- _Exercise input_
--------------------

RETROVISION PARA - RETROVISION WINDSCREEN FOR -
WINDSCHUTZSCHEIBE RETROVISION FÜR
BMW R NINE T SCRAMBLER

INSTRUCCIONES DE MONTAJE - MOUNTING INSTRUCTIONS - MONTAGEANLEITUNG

--------------------

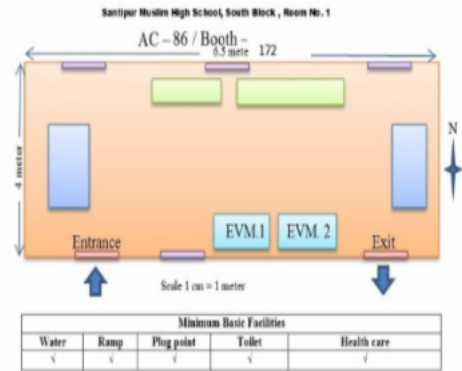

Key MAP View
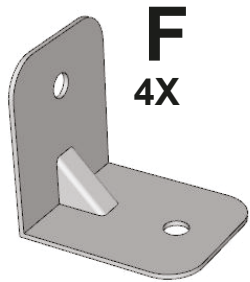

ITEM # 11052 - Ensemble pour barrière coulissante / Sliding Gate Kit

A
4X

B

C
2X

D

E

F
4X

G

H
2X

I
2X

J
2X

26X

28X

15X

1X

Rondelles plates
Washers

--------------------

- _Exercise directions_
Copy all lines of the listing above that contain the string "RETROVISION".

- _Your response_
RETROVISION PARA - RETROVISION WINDSCREEN FOR -
WINDSCHUTZSCHEIBE RETROVISION FÜR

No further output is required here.